| Exercise requirements |
Report every line of the data that includes "Shipping".
┌────────
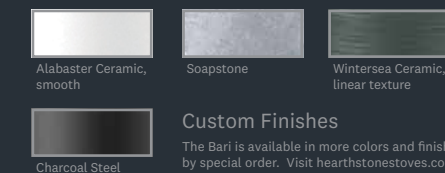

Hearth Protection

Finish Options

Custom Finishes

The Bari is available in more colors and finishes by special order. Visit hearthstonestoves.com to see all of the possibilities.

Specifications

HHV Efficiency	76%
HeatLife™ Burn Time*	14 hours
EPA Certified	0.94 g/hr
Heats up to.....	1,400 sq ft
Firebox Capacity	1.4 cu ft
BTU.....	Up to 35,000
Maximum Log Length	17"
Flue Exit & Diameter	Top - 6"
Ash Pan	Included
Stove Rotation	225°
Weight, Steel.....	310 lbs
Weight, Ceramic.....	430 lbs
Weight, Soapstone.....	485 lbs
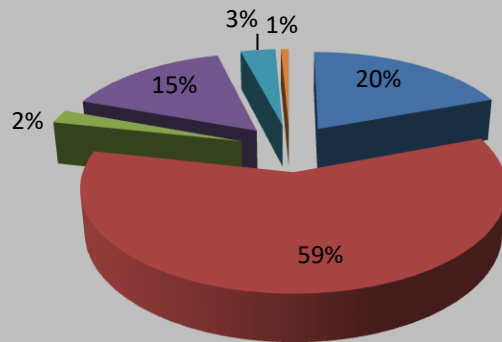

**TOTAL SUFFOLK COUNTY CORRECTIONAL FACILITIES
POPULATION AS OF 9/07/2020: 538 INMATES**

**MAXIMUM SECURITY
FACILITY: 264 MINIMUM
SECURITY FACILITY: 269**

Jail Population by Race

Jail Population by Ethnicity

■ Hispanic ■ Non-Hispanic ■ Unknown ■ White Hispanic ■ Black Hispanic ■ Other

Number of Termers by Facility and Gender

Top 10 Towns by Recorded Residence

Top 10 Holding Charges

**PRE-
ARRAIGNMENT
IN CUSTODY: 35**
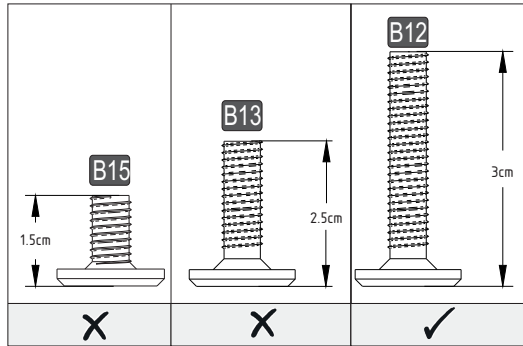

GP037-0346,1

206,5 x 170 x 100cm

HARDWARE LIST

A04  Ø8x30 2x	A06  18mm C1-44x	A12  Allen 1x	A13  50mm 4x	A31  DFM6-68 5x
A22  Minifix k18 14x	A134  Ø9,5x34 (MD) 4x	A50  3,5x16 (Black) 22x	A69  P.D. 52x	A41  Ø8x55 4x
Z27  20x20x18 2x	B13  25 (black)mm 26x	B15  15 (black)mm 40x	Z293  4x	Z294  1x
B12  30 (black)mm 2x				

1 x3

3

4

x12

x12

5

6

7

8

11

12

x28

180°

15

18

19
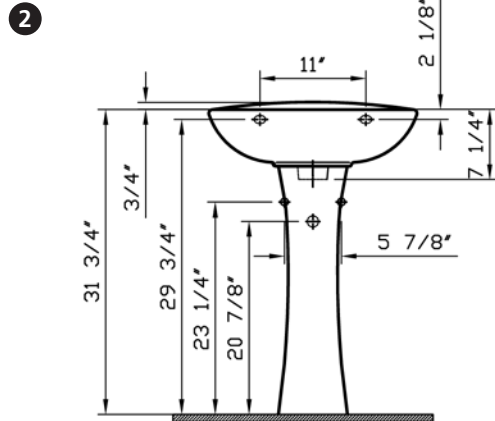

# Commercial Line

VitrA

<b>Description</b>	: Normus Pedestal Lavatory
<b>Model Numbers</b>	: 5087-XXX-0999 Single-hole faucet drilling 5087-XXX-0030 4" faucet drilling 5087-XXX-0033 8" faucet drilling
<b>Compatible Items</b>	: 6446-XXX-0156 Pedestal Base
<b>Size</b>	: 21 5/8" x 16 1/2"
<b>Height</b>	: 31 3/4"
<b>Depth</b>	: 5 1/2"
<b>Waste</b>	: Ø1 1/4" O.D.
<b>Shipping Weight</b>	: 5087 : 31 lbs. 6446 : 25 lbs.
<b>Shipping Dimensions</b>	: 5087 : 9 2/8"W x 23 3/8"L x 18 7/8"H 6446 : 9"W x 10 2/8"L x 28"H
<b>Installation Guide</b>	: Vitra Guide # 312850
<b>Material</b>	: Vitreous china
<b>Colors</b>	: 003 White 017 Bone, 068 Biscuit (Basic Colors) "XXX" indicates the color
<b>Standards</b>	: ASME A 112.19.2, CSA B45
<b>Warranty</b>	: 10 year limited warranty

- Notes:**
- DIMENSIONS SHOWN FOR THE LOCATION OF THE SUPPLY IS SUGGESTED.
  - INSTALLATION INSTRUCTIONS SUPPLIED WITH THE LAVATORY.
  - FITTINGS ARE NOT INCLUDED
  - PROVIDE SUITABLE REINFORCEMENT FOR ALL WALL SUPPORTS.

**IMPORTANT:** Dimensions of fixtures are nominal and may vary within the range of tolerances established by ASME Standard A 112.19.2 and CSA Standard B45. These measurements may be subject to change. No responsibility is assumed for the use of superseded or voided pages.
└────────
| Task output |
<b>Shipping Weight</b>	: 5087 : 31 lbs. 6446 : 25 lbs.
<b>Shipping Dimensions</b>	: 5087 : 9 2/8"W x 23 3/8"L x 18 7/8"H 6446 : 9"W x 10 2/8"L x 28"H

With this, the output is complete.